Canadá repatriará 23 cidadãos de acampamentos 'jihadistas' na Síria

O Canadá repatriará 23 cidadãos que permaneceram detido no nordeste da Síria em acampamentos para familiares de combatentes do grupo Estado Islâmico (EI) — disseram autoridades e um advogado na sexta-feira (20).

Trata-se da maior repatriação de familiares de combatentes jihadistas do EI já feita pelo Canadá.

Ontem, o Ministério das Relações Exteriores anunciou sua decisão de repatriar seis mulheres canadenses e 13 crianças.

E, posteriormente, um tribunal determinou que quatro homens que solicitavam a repatriação como parte do grupo também deverão ser levados de volta para o Canadá, informou a advogada Barbara Jackman, que representa um deles.

"A segurança dos canadenses é a prioridade máxima do nosso governo", frisou o Ministério das Relações Exteriores, em um comunicado.

A repatriação será realizada, depois que as famílias processaram o governo, alegando que Ottawa era obrigada a repatriar o grupo, em conformidade com a Carta Canadense dos Direitos e das Liberdades.

Até agora, o governo de Justin Trudeau vinha tratando as "famílias do EI" detidas caso a caso. Em quatro anos, apenas um pequeno grupo de mulheres e crianças foi repatriado.

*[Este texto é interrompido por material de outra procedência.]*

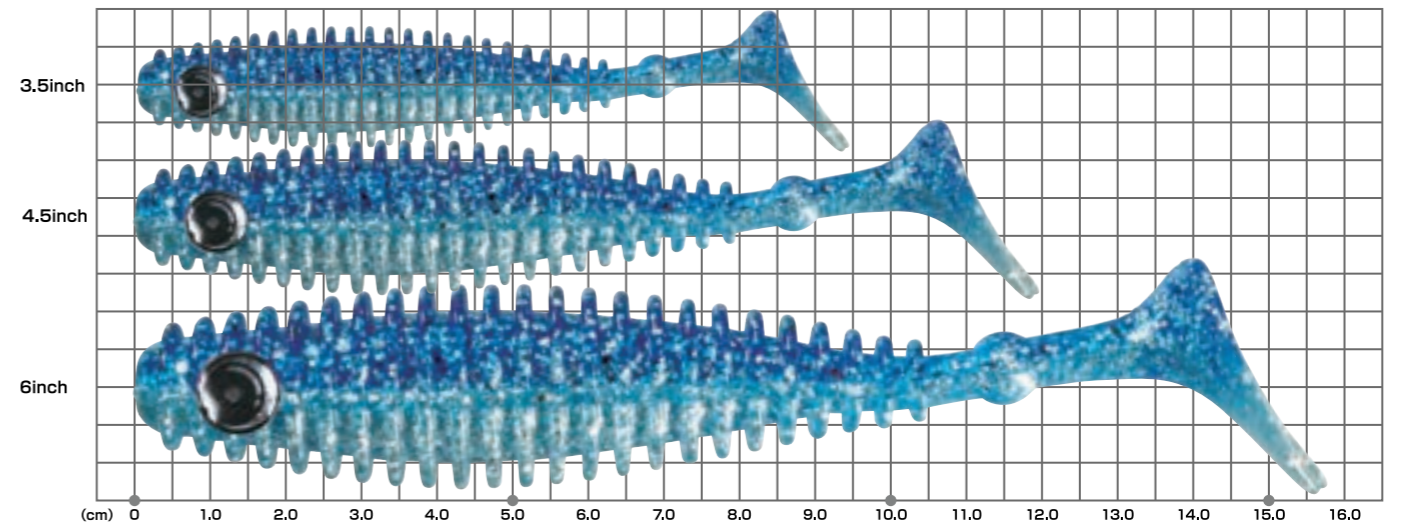

※青色の文字は新製品です。製品コードの前に6桁の数字をつけるとJANコードとなります。
※写真、スペックはプロトタイプのため実物とは異なる場合があります。製品コードの頭が「5」の場合→457129 製品コードの頭が「9」の場合→457343

ROD

LURE WORM

ASSIST HOOK

LINE

PARTS

APPAREL & GOODS
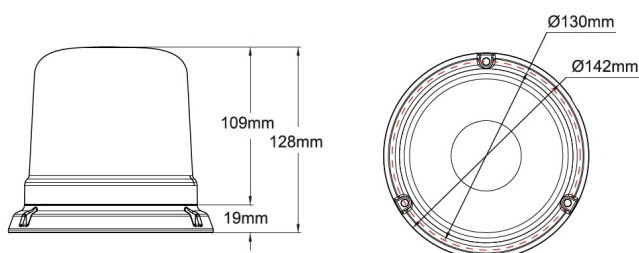

LAMPEGGIANTI ROTANTI

515-DV-CLBL

Lampeggiatore LED | montaggio a 3 bulloni | 12-24V | lente trasparente | blu

EAN: 5414184019669

Specifiche

Altezza mm	128 mm
Colore	Blu
Colore dei LED	Blu
Colore della lente	Trasparente
Connessione	Estremità dei cavi aperte
Da ordinare presso	1
Diametro mm	142 mm
ECE R65 Classe 1	Si
EMC R10	Si
Fonte luminosa	LED
Fornito con	Viti di montaggio
Gamma di altezza	111 - 130 mm

Grado di protezione IP	IPX5
Imballaggio	Imballaggio POS
Montaggio	Montaggio a 3 bulloni
Numero di LED	10
Numero di sequenze di lampeggio	14
Peso (kg)	0,587 Kg
Sincronizzabile	Si
Temperatura di esercizio	-30°C / +65°C
Tensione operativa	12V - 24V
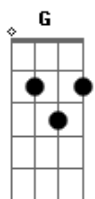

© ukulele-chords.com
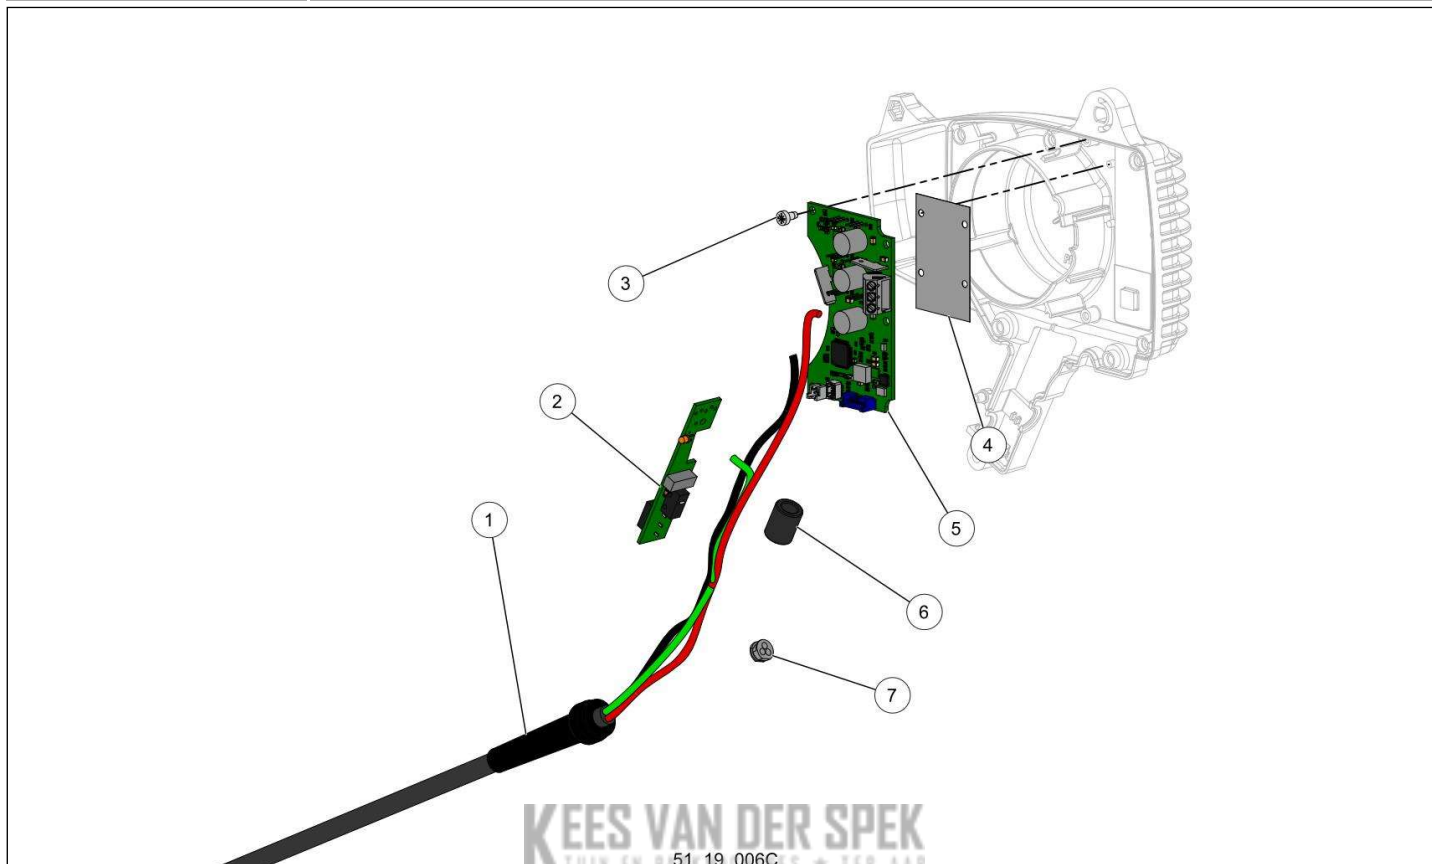

24	02171	CONTACTSPRAY ELECTR. KF	1
26	158783	VETPOMP VOOR C35 C45	1
27	165784		1

KEES VAN DER SPEK
51 19 003C

nr.	Artikelnumm	Beschrijving	Hoe	Opmerkingen
1	148663	DOP UITGERUST M & T EVO	1	
2	78792	RESERVOIR UITGERUST M12	1	
3	73263	STEUNRING OLIESLANG 1	3	
4	76817		1	KIT A*
5	69646	HOUDER BUIS INGANGSPOMP	1	
6	69874		1	KIT A*
7	64151	BUISAANSLUITING 2.5/2.5	2	KIT A, B*
8	73224		1	KIT A, B*
9	78712		1	
10	64443	SCHROEF DELTA PT WN5451 20X06 ZN	1	KIT B*
11	69875		1	KIT B*
12	73264	STEUNRING OLIESLANG 2	1	
13	64146	FLEXIBELE SLUITRING OLIE-INLAAT	1	
A	78796	SET SLANG POMP M12 ONDERDELEN	1	
B	78795	SET SLANG HUIS M12 ONDERDELEN	1	

Vervangonderdelen

Elektrisch

KEES VAN DER SPEK
51_19_0058

nr.	Artikelnumm	Beschrijving	Hoe	Opmerkingen
1	78390		1	KIT A*
2	64167		2	KIT A, B*
3	78388		1	KIT A, B*
A	78794	KIT MOTORRED. + POMP C/M OND.	1	
B	82071	PERISTALTISCHE POMP OND. 2010	1	
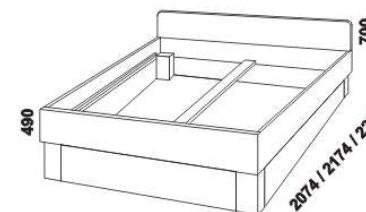

960 / 1060 / 1260 / 1460 / 1660 / 1860 / 2060
postel HANA VB s čelem Norma a úl. prostorem
90, 100, 120 x 200, 210, 220
140, 160, 180, 200 x 200, 210, 220

Vzdálenost od podlahy k horní hraně postranice postele je 490 mm. Šířka postranice postele je 200 mm. Hloubka zapuštění hranolku postele od horní hrany postranice je 160 mm. Zadní (nepohledová) část čela u hlavy je povrchově dokončena - postel lze umístit i do prostoru. Dvouposte (od vnitřní šířky 140 cm) jsou osazeny středovou vzpěrou s podpěrnou nohou.
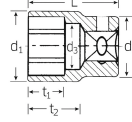

仕様

| | | | |
|-----------------|-------------------|---------------------|-------|
| メーカー | STAHLWILLE(スタビレー) | 型番 | 52-15 |
| 差込角 | 1/2" | 対辺(mm) | 15 |
| ソケット部外径(d1; mm) | 21.2 | 差込部外径(d2; mm) | 22.7 |
| ソケット奥内径(d3; mm) | 14 | ボルト接触部内面奥行き(t1; mm) | 13.5 |
| 最大奥行き(t2; mm) | 20.2 | 全長(L; mm) | 38 |
| 重量(g) | 63 | | |

6角タイプ。

手締め時に便利な側面ローレット加工

AS-drive(面接触)で、より高品質なHPQシリーズの1/2" SQソケット

代替品

| | |
|--|--------------------------------|
|  | 品番 EA617ZA-15 コメント 同サイズ 12角 |
|--|--------------------------------|

株式会社エスコ

大阪府大阪市西区立売堀3丁目8番14号 06-6532-6226(代表)

Desde a destruição do chamado "califado" do Estado Islâmico na Síria e no Iraque em 2019, mais de 42.400 adultos e crianças estrangeiros suspeitos de terem vínculos com o EI foram mantidos em acampamentos na Síria, de acordo com a Human Rights Watch.

Segundo essa ONG, cerca de 30 cidadãos canadenses, incluindo dez crianças, permanecem nos acampamentos. Em outubro passado, o governo repatriou duas mulheres e dois menores que estavam na Síria.